__Data excerpts__
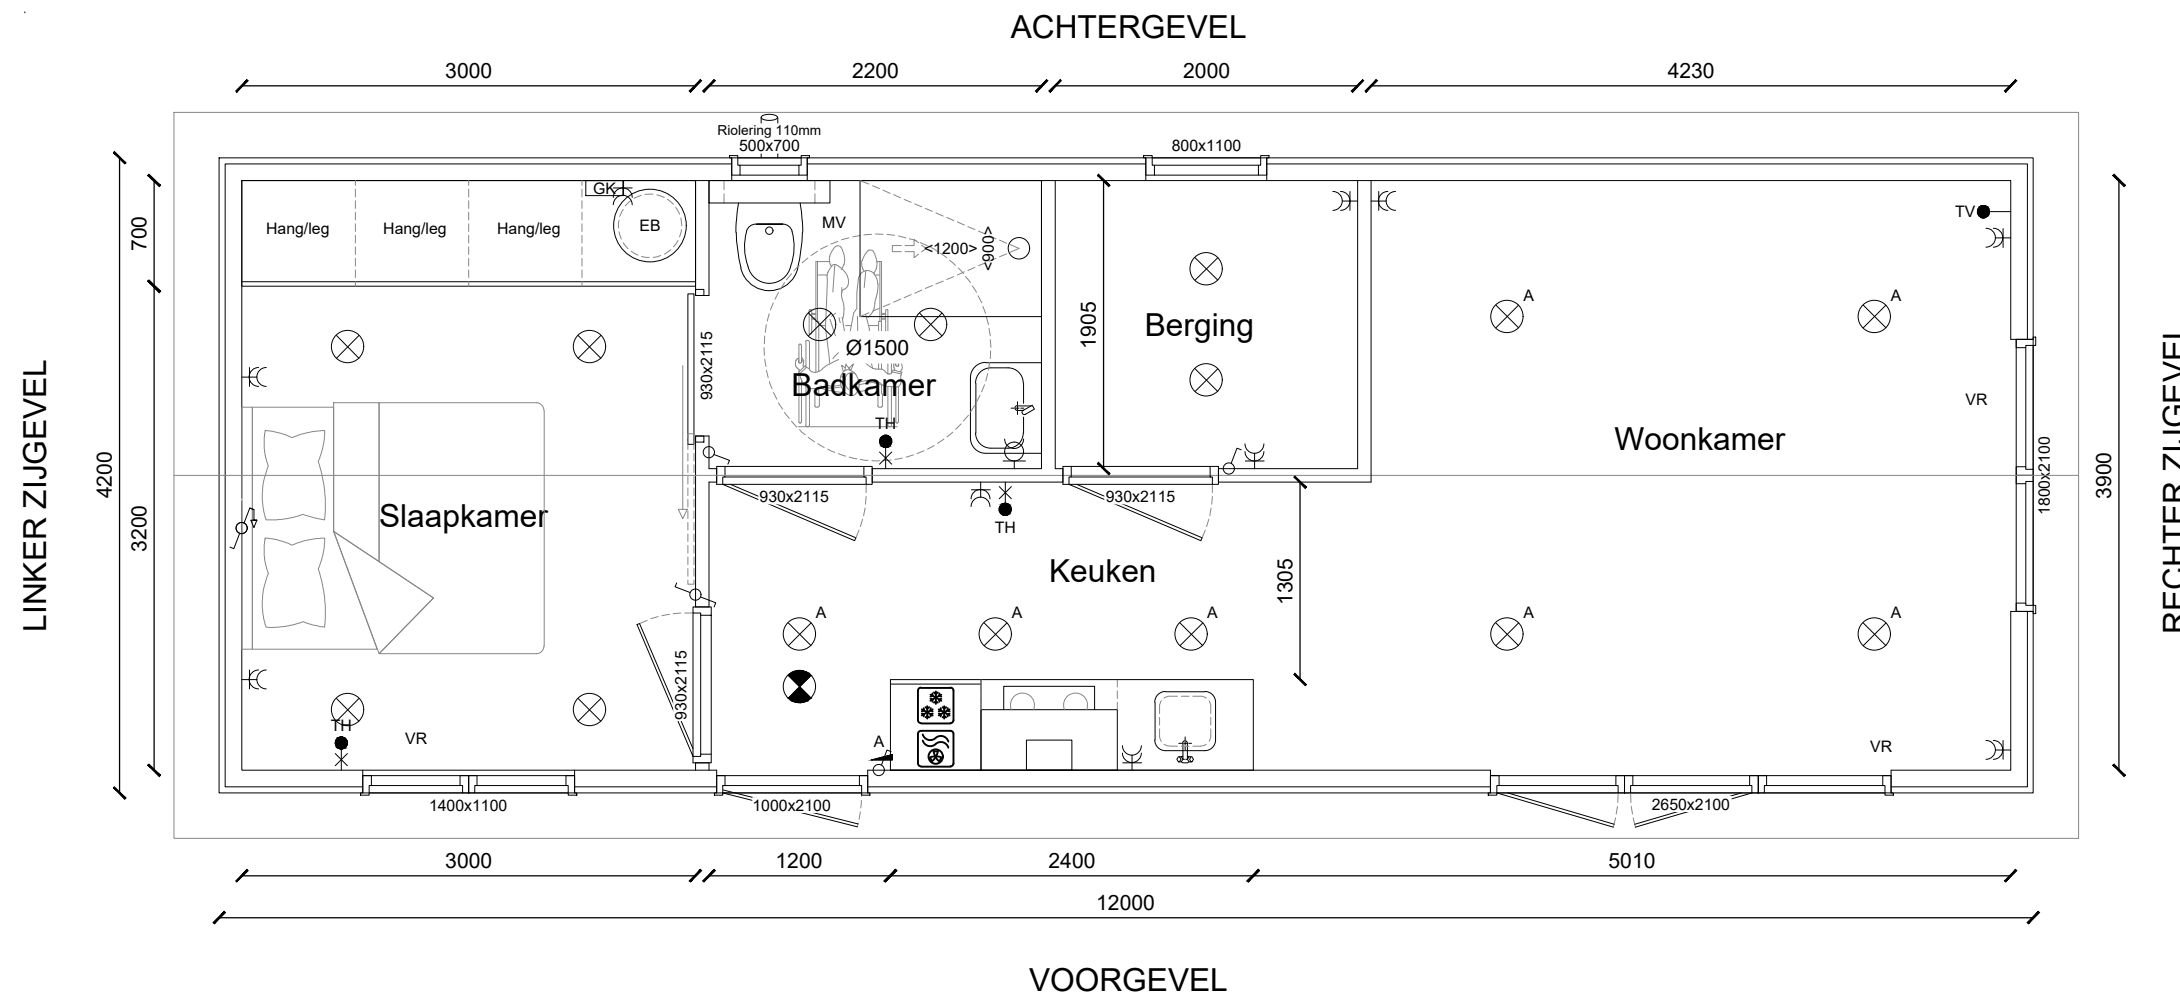

LINKER ZIJGEVEL

VOORGEVEL

RECHTER ZIJGEVEL

ACHTERGEVEL

Isolatie: Standaard

Vloer	PIR	60mm
Gevels	EPS	100mm
Dak	Naturol 032	120mm

Verwarming	EB met	IR plafond panelen
------------	--------	--------------------

__Your assignment__
Retype the material above exactly, images excluded.

__Answer box__
LINKER ZIJGEVEL

VOORGEVEL

RECHTER ZIJGEVEL

ACHTERGEVEL

Isolatie: Standaard

Vloer	PIR	60mm
Gevels	EPS	100mm
Dak	Naturol 032	120mm

Verwarming	EB met	IR plafond panelen
------------	--------	--------------------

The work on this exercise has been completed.